Yılmaz Erdoğan üzüntüsünü şiirleştirdi
Yılmaz Erdoğan, depremlerde yıkılan şehirlerimiz ve yaşanan can kayıplarıyla ilgili duygularını şiire dönüştürdü
6 Şubat'ta Kahramanmaraş merkezli depremler, 50.096 vatandaşımızın hayatını kaybetmesine, yüzbinlerce binanın yıkımına neden oldu.
Aradan geçen yaklaşık iki aylık süreçte başta en çok yıkıma uğrayan Hatay, Adıyaman ve Kahramanmaraş olmak üzere 11 ilimizde hayatın yeniden yeşermesi için çalışmalar devam ediyor.

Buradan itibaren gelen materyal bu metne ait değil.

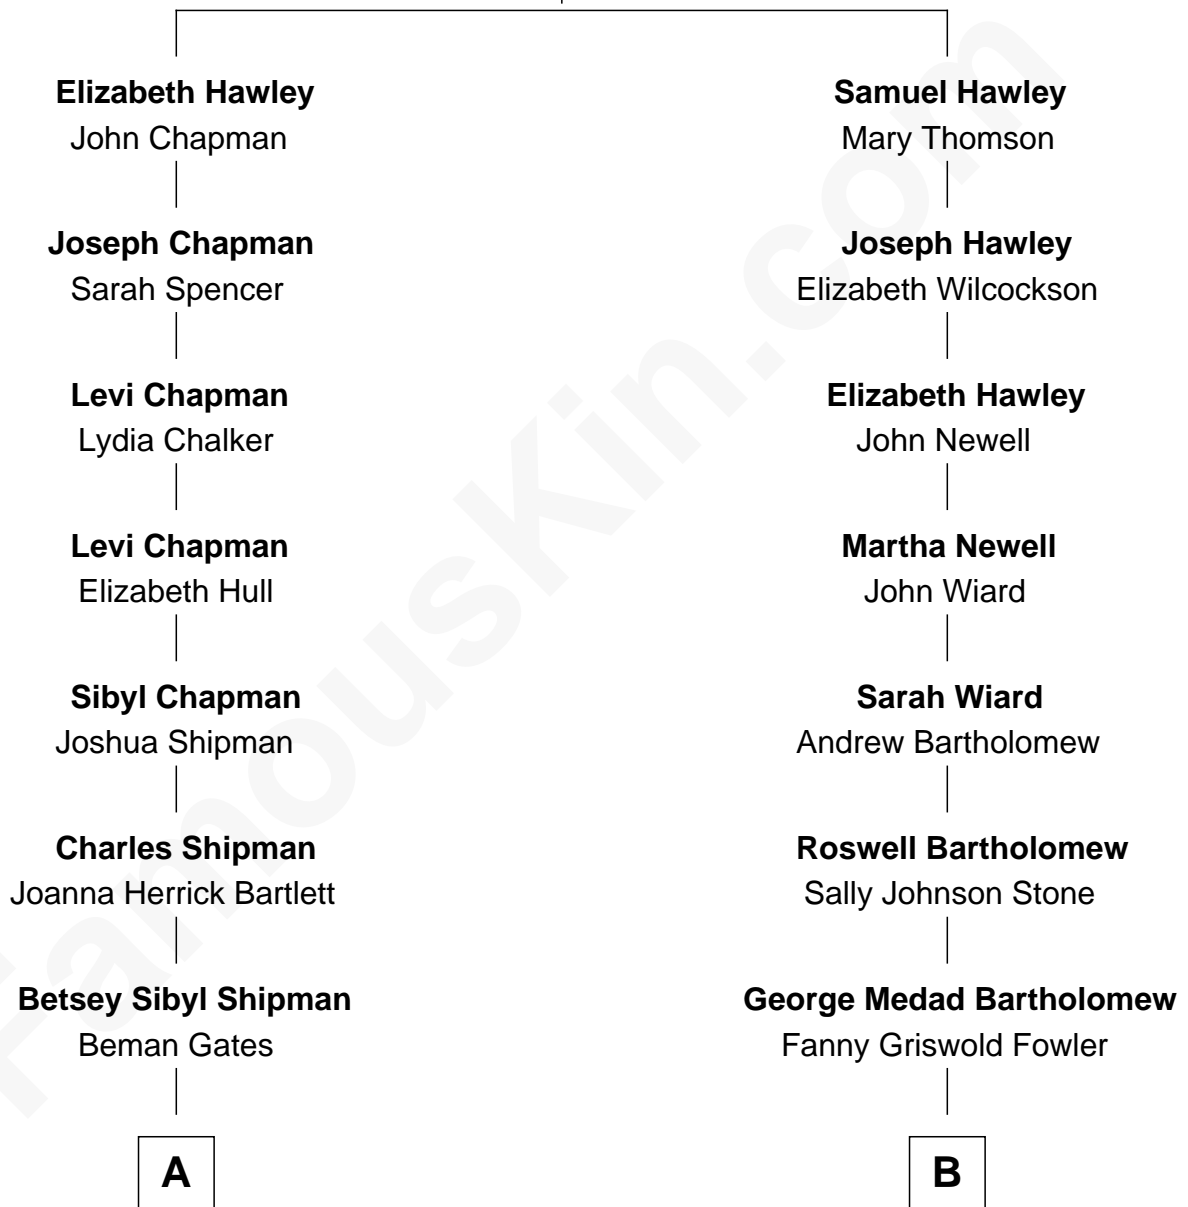

FamousKin.com

Relationship Chart of

Charles Dawes

30th U.S. Vice-President

8th cousin 2 times removed of

Bill Weld

68th Governor of Massachusetts

Joseph Hawley
Katherine Birdseye

A

Mary Beman Gates
Brig. Gen. Rufus R. Dawes

Charles Dawes
30th U.S. Vice-President

B

Fanny Elizabeth Bartholomew
Dr. Francis Minot Weld

Francis Minot Weld
Margaret Low White

David Weld
Mary Blake Nichols

Bill Weld
68th Governor of Massachusetts

Depremlerde yaşanan kayıplarımız için hepimiz kişilik yapısına göre farklı tepkiler gösterdik. Tepkilerimiz nasıl olursa olsun temeli büyük bir üzüntüye dayanıyor.
Yılmaz Erdoğan, üzüntüsünü eli kalem tutma özelliğiyle şiirleştirdi. Erdoğan, deprem şiirini Erol Mutlu'nun müziğiyle seslendirdi.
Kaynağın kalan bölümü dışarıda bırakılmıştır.